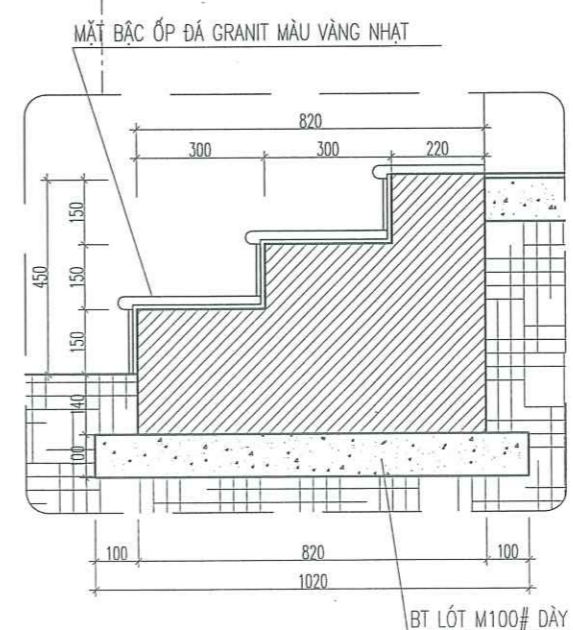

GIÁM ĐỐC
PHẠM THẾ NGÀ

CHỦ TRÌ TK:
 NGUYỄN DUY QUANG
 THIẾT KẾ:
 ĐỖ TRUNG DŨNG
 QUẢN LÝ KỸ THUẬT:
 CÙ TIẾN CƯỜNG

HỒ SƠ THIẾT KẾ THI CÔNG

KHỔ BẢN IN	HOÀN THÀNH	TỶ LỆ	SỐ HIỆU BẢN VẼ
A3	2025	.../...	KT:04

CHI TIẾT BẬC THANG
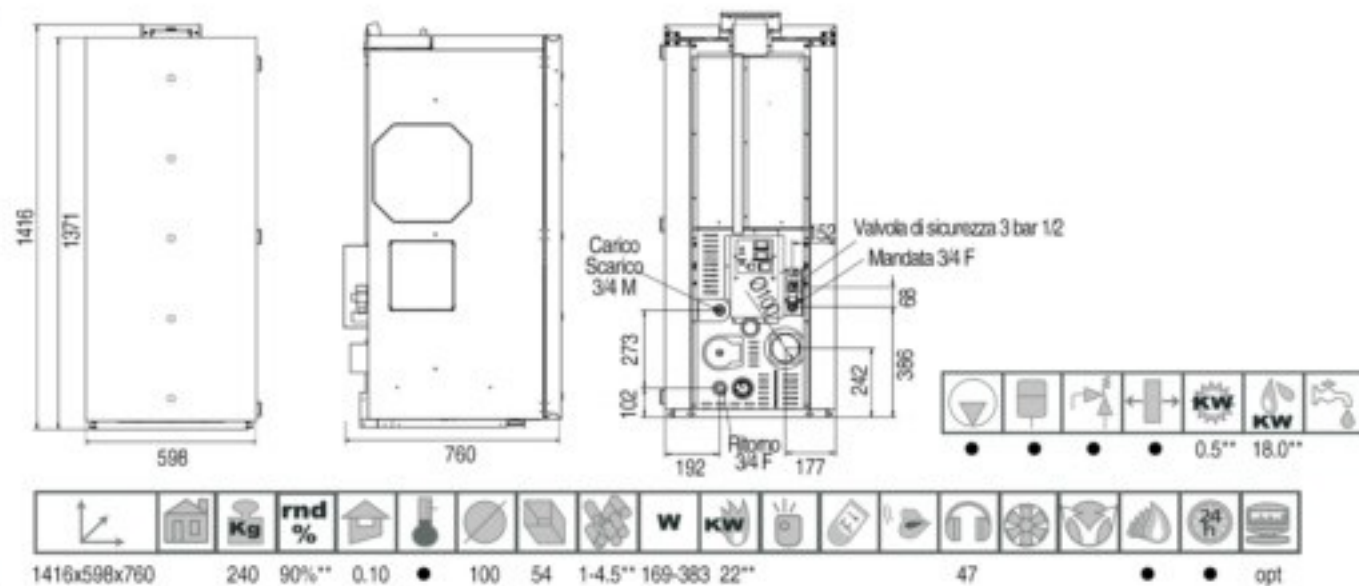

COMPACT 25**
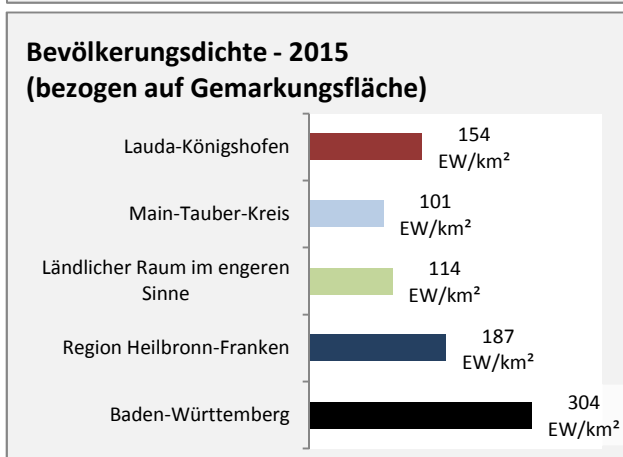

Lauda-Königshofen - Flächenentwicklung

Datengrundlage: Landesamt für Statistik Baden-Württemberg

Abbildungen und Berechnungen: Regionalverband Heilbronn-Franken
───
BRIEF >>
From the listing above, restate verbatim the lines running from the one with "NGUYỄN DUY QUANG" through the one with "Datengrundlage: Landesamt für", inclusive, but not the pictures.

ANSWER TO THIS EXERCISE >>
 NGUYỄN DUY QUANG
 THIẾT KẾ:
 ĐỖ TRUNG DŨNG
 QUẢN LÝ KỸ THUẬT:
 CÙ TIẾN CƯỜNG

HỒ SƠ THIẾT KẾ THI CÔNG

KHỔ BẢN IN	HOÀN THÀNH	TỶ LỆ	SỐ HIỆU BẢN VẼ
A3	2025	.../...	KT:04

CHI TIẾT BẬC THANG

COMPACT 25**

Lauda-Königshofen - Flächenentwicklung

Datengrundlage: Landesamt für Statistik Baden-Württemberg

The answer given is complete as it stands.